Trust is the glue that holds an open, democratic society together. A successful democracy depends on our confidence that professionals and institutions are competent, that both private institutions and government at all levels operate within the bounds of the laws, that an independent judiciary enforces those laws, and that a free press shines a light on any of these guarantors when they fall short.

And so, of course, trust has always been central to healthcare. We must trust doctors and hospitals if we are to benefit from the care they offer. Without trust, who would allow a surgeon to cut open his chest and fiddle with his heart? Without trust, who would take noxious medicines or suffer radiation burns to cure a disease whose symptoms she cannot detect? We patients don't know how these things work, but we are willing to place our lives in the hands of those who say they do and have licenses affirming it.

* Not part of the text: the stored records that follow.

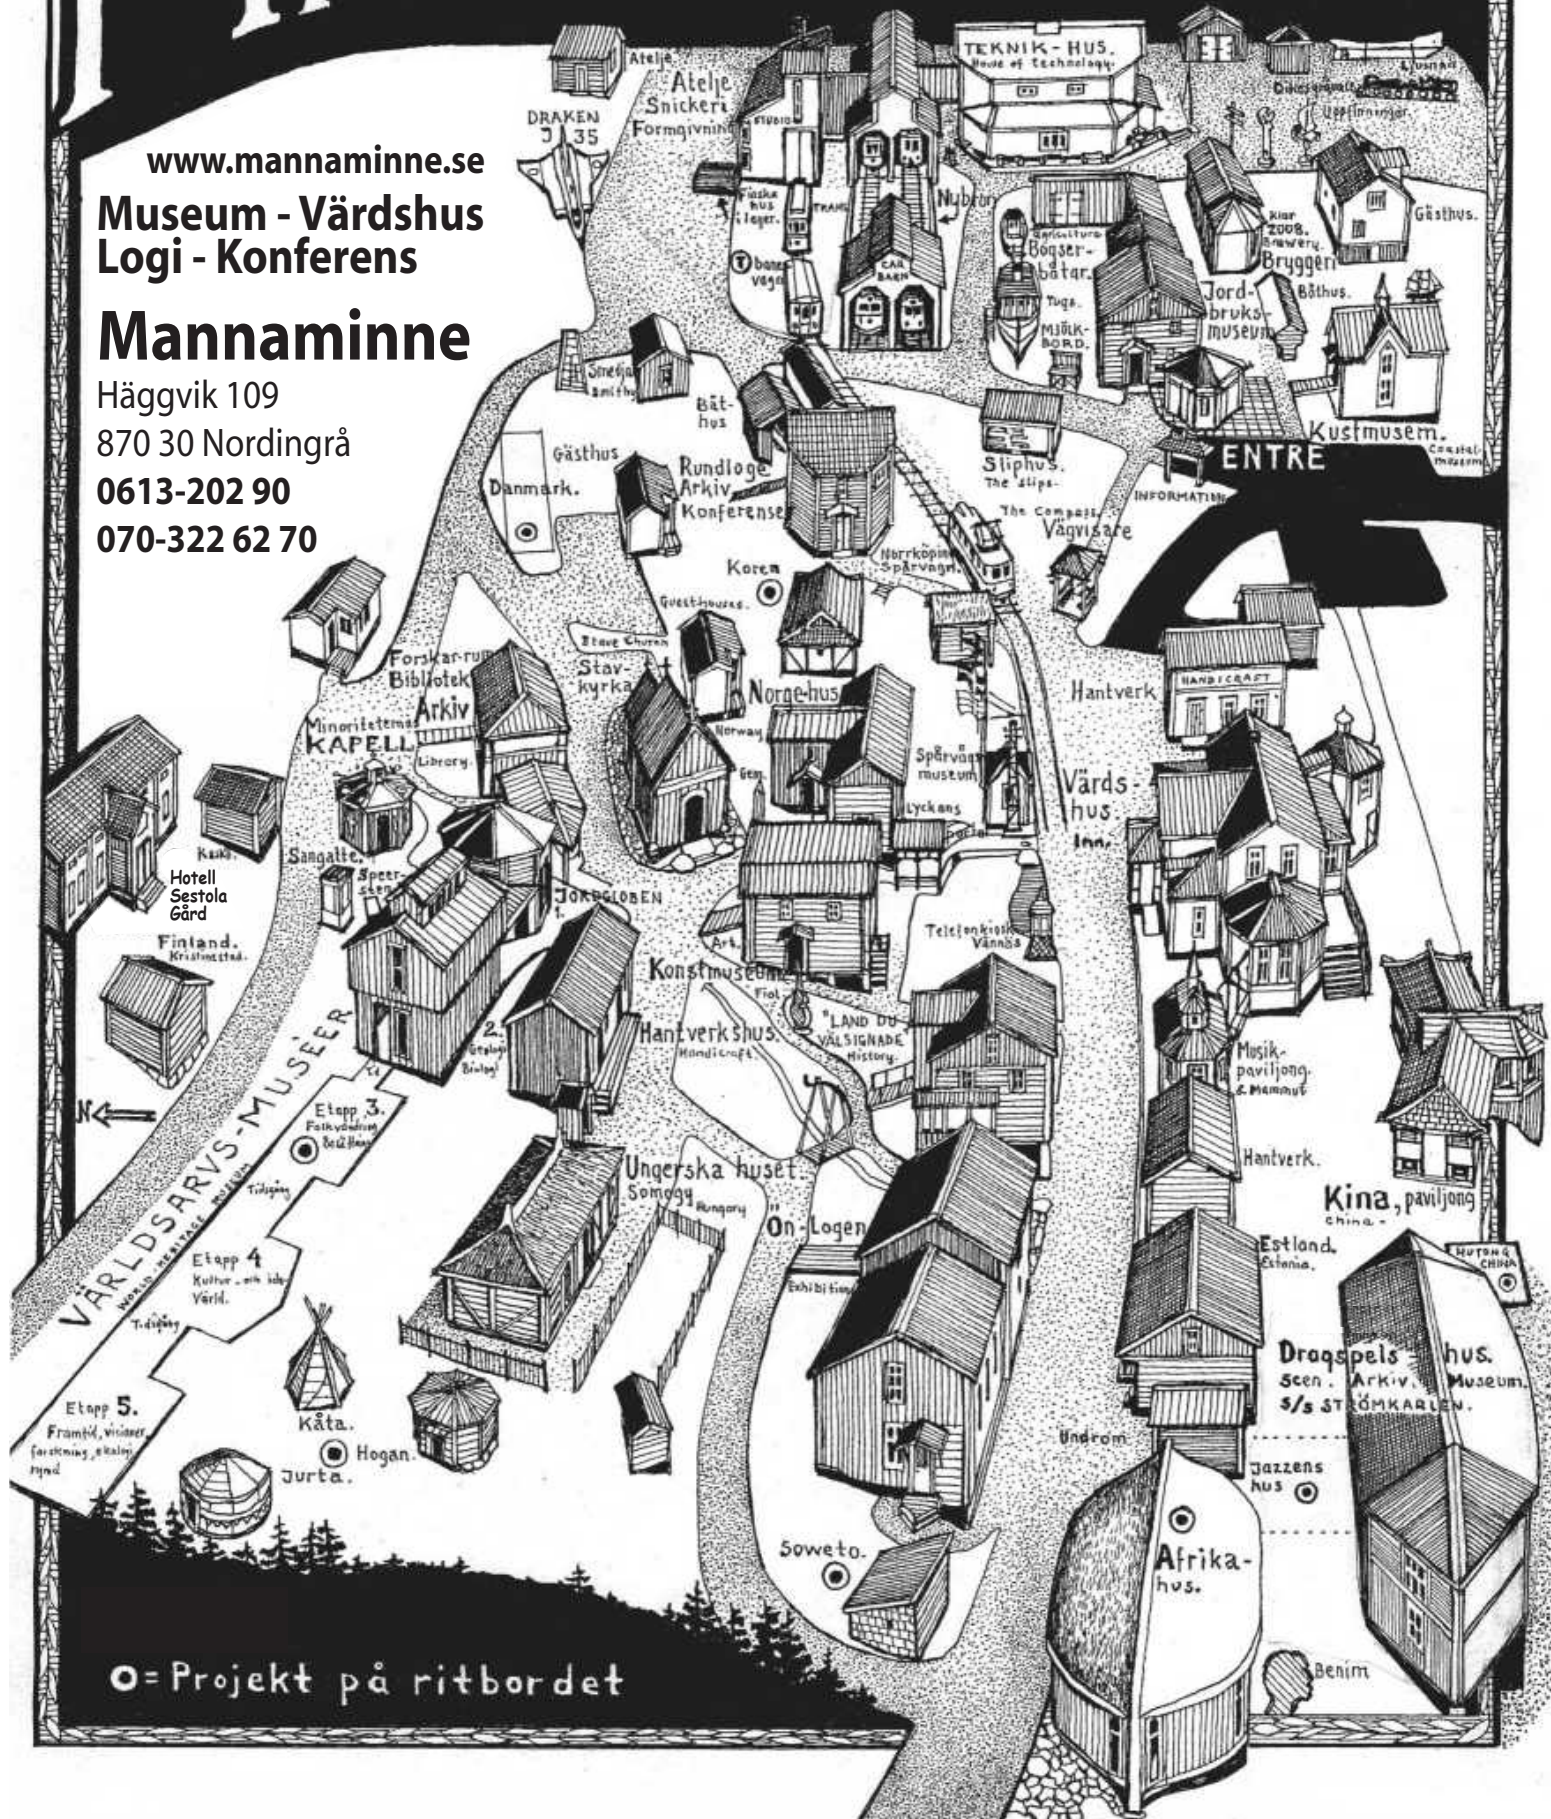

MANNAMINNE

www.mannaminne.se

Museum - Vårdshus
Logi - Konferens

Mannaminne

Häggvik 109

870 30 Nordingrå

0613-202 90

070-322 62 70

○ = Projekt på ritbordet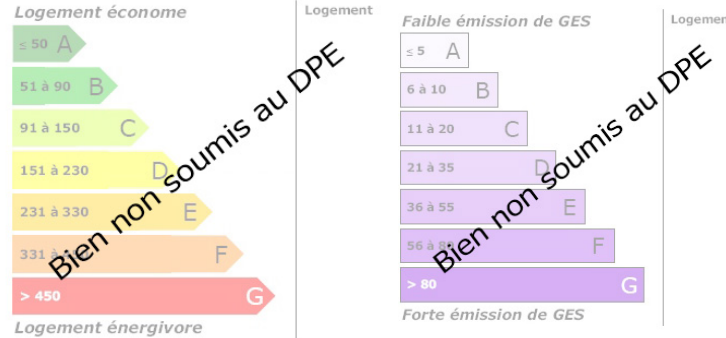

TERRAIN A BATIR AVEC VUE

DESCRIPTION

Région Centre/Val de Loire, dans le Cher, à moins 2h de Paris.
 Beau terrain à bâtir d'environ 5100 m² avec jolie vue sur le val de Loire. Borné, non viabilisé. Eau et électricité en façade. Pour de plus amples renseignements, nous contacter au 02.48.72.18.93 - Transaxia LERE, PETITPERE Luc (EI)(indépendant) RCS 889821914 R.S.A.C. Bourges Carte Pro ADC 1801 2021 000 000 097.

VOTRE AGENCE

LERE
 38 grande rue 18240 LERE
 Tél : 02.48.72.18.93
 Site : transaxia-lere.fr

INFORMATIONS

Année de construction :
 Nombre de pièces : 0
 honoraires charge vendeur, hors frais de notaire
 Nombre de salles de bain : 0
 Nombre de chambres : 0
 Nombre de salles d'eau : 0
 Nombre de WC : 0
 Cuisine :
 Chauffage : Non
 Surface habitable : 0m²
 Surface du terrain : 5100m²
 Surface carrez : m²
 Surface terrasse : 0m²

Unfortunately our trust in healthcare is also eroding.

Why? Advances in information technology make increasingly transparent our idealized vision of healthcare. For example, new evidence about what treatments work has led to documentation of how infrequently they are delivered appropriately. The ability of researchers to examine the data underlying new and competing claims also allows us to view flawed findings and scientists' conflicts of interest. Reports rating the quality of care offered by different hospitals, health plans, and physicians provide statistics to inform our choices but vary widely in reliability and relevance. Combine these with an active press, a 24-hour news cycle, the proliferation of watchdog groups, and commercial interests that manipulate scientific claims to support their aims. The result is a media environment infused with messages that tell us that our every action increases our health risks, that science is uncertain, and that healthcare professionals and institutions are not living up to their obligations.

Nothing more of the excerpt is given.